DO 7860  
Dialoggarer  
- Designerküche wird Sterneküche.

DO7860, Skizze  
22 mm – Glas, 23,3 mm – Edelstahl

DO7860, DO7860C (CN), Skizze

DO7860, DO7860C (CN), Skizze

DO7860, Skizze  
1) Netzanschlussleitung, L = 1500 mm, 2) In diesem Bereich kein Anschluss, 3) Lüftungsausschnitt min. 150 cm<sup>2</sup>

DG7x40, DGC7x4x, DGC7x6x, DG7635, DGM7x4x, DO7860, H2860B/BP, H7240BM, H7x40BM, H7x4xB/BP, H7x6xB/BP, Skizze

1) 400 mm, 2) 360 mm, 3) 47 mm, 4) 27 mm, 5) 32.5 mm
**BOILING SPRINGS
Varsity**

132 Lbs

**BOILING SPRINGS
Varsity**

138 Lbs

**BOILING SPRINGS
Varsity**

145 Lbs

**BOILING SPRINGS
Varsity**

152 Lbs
• • • • • • •
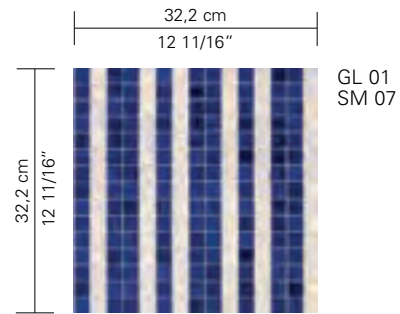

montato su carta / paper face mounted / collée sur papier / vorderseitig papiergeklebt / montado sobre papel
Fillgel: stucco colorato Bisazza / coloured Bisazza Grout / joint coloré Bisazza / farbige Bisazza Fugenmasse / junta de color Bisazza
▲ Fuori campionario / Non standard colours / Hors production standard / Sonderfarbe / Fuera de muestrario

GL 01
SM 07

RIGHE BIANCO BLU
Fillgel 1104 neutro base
• • • • • • •
• [WHAT YOU WILL DO] Across the records above, tally the lines that contain "Fillgel" and give the result as a number alone.

• [ANSWER TO THIS TASK] 2